While a smaller down payment saves you money upfront, it has serious long-term drawbacks: A bigger loan: Putting down less upfront means borrowing more to make the purchase, which makes for higher monthly payments and more interest paid over time.

Is it better to have a higher or lower down payment? ›

Those loans typically charge higher interest rates in order to compensate for the lack of mortgage insurance and guarantee. No matter what kind of loan you choose, if you put down less than 20 percent, you can expect to pay more for your mortgage than if you put down at least 20 percent.

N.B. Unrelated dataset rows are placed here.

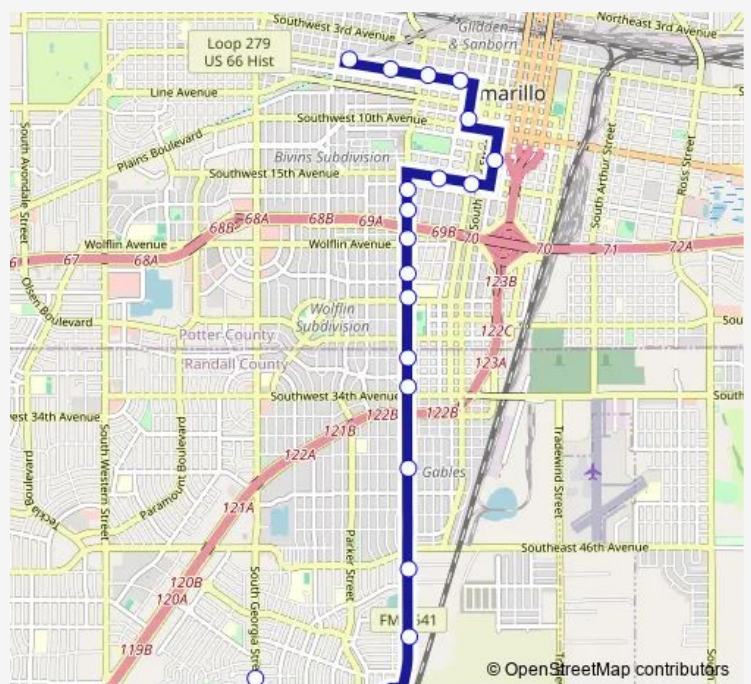

S Washington St & SW 16th Ave

S Washington St & SW 17th Ave (1700 S Washington St)

S Washington St & Wolflin Ave (Toot N Totum)

S Washington St & SW 22nd Ave

S Washington St & SW 24th Ave

S Washington St & SW 30th Ave

S Washington St & SW 33rd Ave

Canyon Dr & Moss Ln

Canyon Dr & S Georgia St (RC Annex)

Route schedule

W 6th Ave & Bowie St (Transfer Station) — S Georgia St & SW 58th Ave (Little Caesars Pizza)

Monday	07:00-18:00
Tuesday	07:00-18:00
Wednesday	07:00-18:00
Thursday	07:00-18:00
Friday	07:00-18:00
Saturday	07:30-18:00
Sunday	07:30-18:00

Route info

Direction: W 6th Ave & Bowie St (Transfer Station)

Stops: 38

Trip Duration: 0 hour 46 min

4142 — Downtown / Amarillo College / I-27 Access Road

Canyon Dr & Stapleton St

Canyon Dr & Republic (US Social Security Administration)

20 stops

[Open route schedule](#)

S Georgia St & SW 58th Ave (Litle Caesars Pizza)

SW 58th Ave & Parker St (Central Baptist Church)

5241 S Washington St (Advo Companies)

S Washington St & SW 47th Ave (United Supermarket)

Why is 0 down payment bad? ›

When you start with a low- or zero-down loan, you'll have little to no equity. If home values fall, you could end up owing more on the home than it's worth, making it difficult to sell or refinance. Your interest rate might be higher. You might pay a higher interest rate for a no- or low-money down loan.

Top Articles
New York Times (NYT) Market Cap & Net Worth - Stock Analysis
What’s Next For Lululemon Stock After A 38% Fall This Year?
Custom Screensaver On The Non-touch Kindle 4
Matgyn
Rainbird Wiring Diagram
Samsung 9C8
Trade Chart Dave Richard
Owatc Canvas
Here's how eating according to your blood type could help you keep healthy
shopping.drugsourceinc.com/imperial | Imperial Health TX AZ
Clairememory Scam
Unit 1 Lesson 5 Practice Problems Answer Key
Gwdonate Org
Conan Exiles Thrall Master Build: Best Attributes, Armor, Skills, More
Craigslist Panama City Fl
Imagetrend Inc, 20855 Kensington Blvd, Lakeville, MN 55044, US - MapQuest
Roll Out Gutter Extensions Lowe's
Lcwc 911 Live Incident List Live Status
Big Lots Weekly Advertisem*nt
Highmark Wholecare Otc Store
104 Presidential Ct Lafayette La 70503
Jcp Meevo Com
11526 Lake Ave Cleveland Oh 44102
Marilyn Seipt Obituary
2004 Honda Odyssey Firing Order
Frank Vascellaro
Best Laundry Mat Near Me
Mega Millions Lottery - Winning Numbers & Results
Daily Journal Obituary Kankakee
Chris Provost Daughter Addie
Pillowtalk Podcast Interview Turns Into 3Some
Afspraak inzien
Heavenly Delusion Gif
The Complete Guide To The Infamous "imskirby Incident"
Studio 22 Nashville Review
20 bank M&A deals with the largest target asset volume in 2023
Doordash Promo Code Generator
Gravel Racing
The Realreal Temporary Closure
Rocky Bfb Asset
Arcanis Secret Santa
Jammiah Broomfield Ig
Walmart Careers Stocker
Funkin' on the Heights
Vci Classified Paducah
Gander Mountain Mastercard Login
9294027542
Quest Diagnostics Mt Morris Appointment
Congressional hopeful Aisha Mills sees district as an economical model
Latest Posts
Article information

Author: Rueben Jacobs

Last Updated:

Views: 6152

Rating: 4.7 / 5 (77 voted)

Reviews: 92% of readers found this page helpful

Author information

Name: Rueben Jacobs

Birthday: 1999-03-14

Address: 951 Caterina Walk, Schambergerside, CA 67667-0896

Phone: +6881806848632

Job: Internal Education Planner

Hobby: Candle making, Cabaret, Poi, Gambling, Rock climbing, Wood carving, Computer programming

Introduction: My name is Rueben Jacobs, I am a cooperative, beautiful, kind, comfortable, glamorous, open, magnificent person who loves writing and wants to share my knowledge and understanding with you.